(Beginning of Working data)

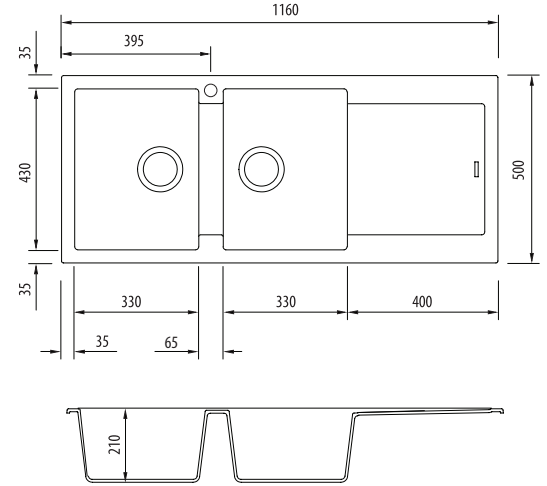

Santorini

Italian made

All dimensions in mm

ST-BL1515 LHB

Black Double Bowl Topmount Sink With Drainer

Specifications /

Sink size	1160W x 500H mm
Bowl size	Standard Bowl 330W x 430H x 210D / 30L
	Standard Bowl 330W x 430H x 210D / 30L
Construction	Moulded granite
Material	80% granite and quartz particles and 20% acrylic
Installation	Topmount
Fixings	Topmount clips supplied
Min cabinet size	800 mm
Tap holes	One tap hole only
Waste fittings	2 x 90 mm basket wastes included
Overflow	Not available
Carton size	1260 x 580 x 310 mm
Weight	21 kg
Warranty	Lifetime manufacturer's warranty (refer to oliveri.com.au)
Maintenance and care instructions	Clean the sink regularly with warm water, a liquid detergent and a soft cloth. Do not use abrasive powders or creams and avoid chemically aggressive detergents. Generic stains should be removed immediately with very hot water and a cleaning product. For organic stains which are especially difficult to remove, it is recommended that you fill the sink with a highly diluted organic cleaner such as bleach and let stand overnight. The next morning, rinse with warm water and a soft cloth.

(End of Working data)
(Beginning of Working data)

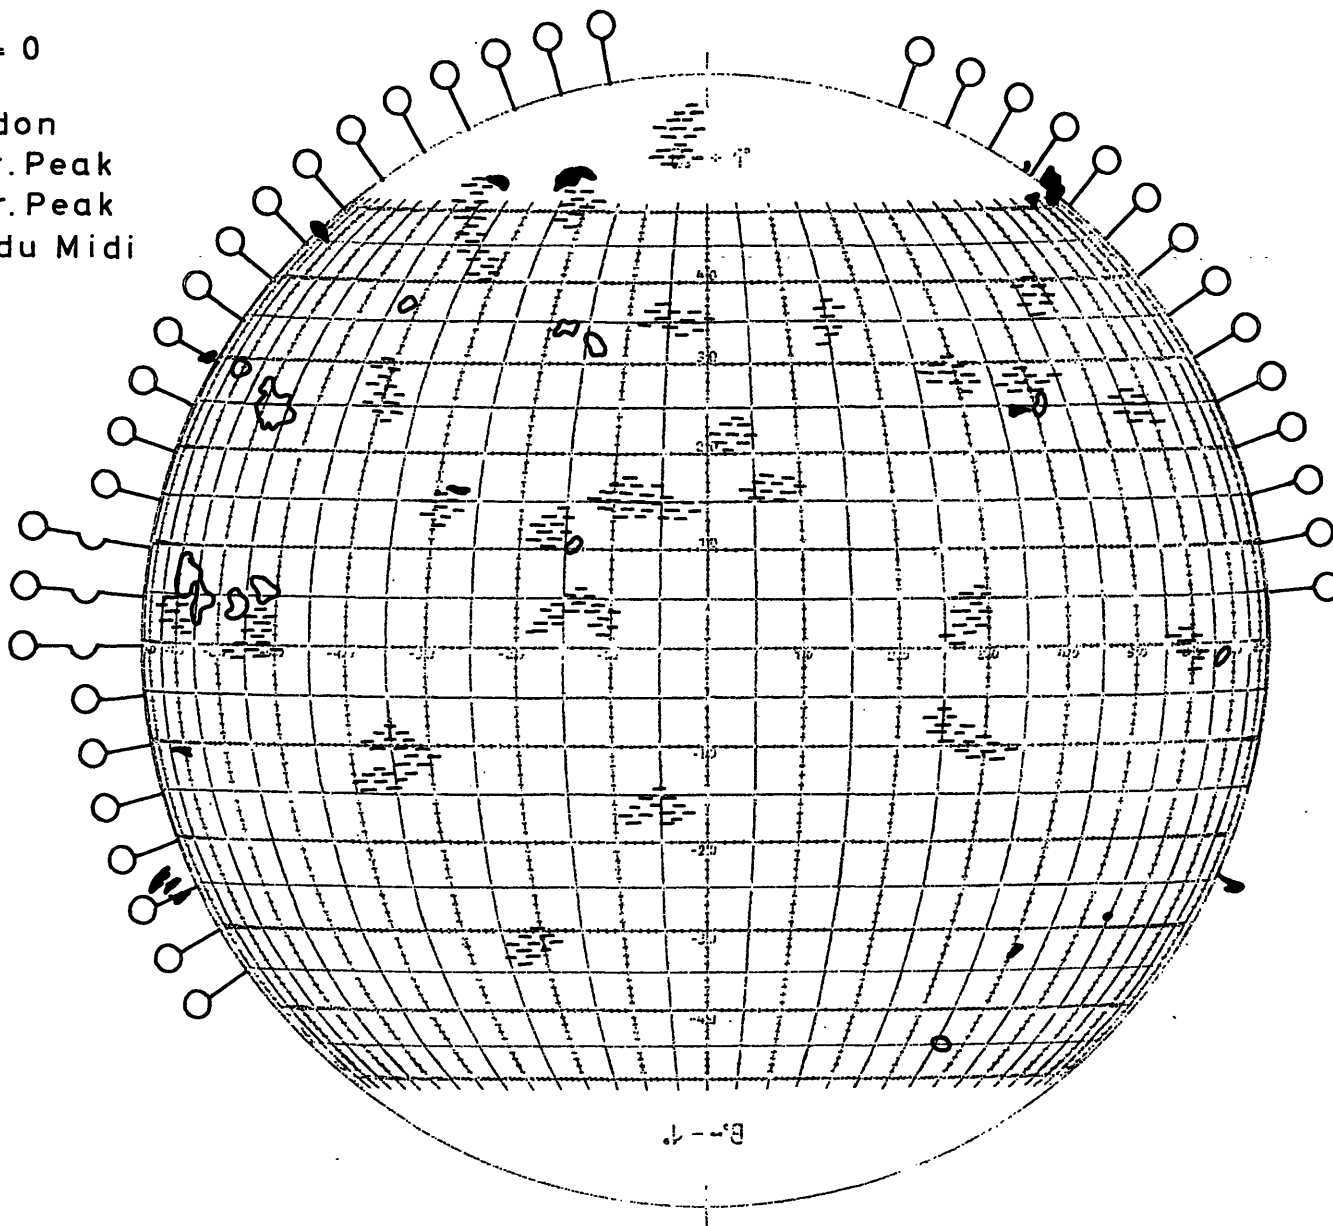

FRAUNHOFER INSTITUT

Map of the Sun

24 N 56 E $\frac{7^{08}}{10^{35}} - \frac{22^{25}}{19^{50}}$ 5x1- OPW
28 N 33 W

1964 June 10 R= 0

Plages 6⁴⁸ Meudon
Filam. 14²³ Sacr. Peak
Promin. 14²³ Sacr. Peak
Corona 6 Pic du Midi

(End of Working data)
(Beginning of Working data)

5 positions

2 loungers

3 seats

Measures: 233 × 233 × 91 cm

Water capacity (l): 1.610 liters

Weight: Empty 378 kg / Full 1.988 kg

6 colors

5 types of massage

(End of Working data)

For the material above, reproduce exactly the lines from the line with "1964 June 10 R= 0" to the line with "Corona 6 Pic du Midi", inclusive, and exclude all others.

1964 June 10 R= 0

Plages 6⁴⁸ Meudon
Filam. 14²³ Sacr. Peak
Promin. 14²³ Sacr. Peak
Corona 6 Pic du Midi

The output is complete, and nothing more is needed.